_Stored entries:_

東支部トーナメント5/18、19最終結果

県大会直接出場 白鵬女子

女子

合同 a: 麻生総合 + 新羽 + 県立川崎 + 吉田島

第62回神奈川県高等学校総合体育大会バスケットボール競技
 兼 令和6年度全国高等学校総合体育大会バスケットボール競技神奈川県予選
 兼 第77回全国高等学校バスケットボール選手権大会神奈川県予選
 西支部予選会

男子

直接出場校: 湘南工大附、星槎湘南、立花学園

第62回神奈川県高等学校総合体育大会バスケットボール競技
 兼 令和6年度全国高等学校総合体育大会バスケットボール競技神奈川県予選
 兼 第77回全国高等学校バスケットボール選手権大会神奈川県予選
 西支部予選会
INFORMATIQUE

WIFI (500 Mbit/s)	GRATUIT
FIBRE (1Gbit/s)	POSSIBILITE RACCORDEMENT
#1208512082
* * *
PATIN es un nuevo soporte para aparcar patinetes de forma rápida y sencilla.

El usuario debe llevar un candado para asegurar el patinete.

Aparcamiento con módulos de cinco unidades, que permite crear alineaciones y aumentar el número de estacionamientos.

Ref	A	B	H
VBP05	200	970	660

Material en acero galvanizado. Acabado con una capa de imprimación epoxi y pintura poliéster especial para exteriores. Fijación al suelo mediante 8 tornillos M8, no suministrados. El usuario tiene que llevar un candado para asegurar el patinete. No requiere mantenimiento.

_Your goal:_ Wherever the word "usuario" appears in the data, return the whole line.

_Result of the task:_
El usuario debe llevar un candado para asegurar el patinete.
Material en acero galvanizado. Acabado con una capa de imprimación epoxi y pintura poliéster especial para exteriores. Fijación al suelo mediante 8 tornillos M8, no suministrados. El usuario tiene que llevar un candado para asegurar el patinete. No requiere mantenimiento.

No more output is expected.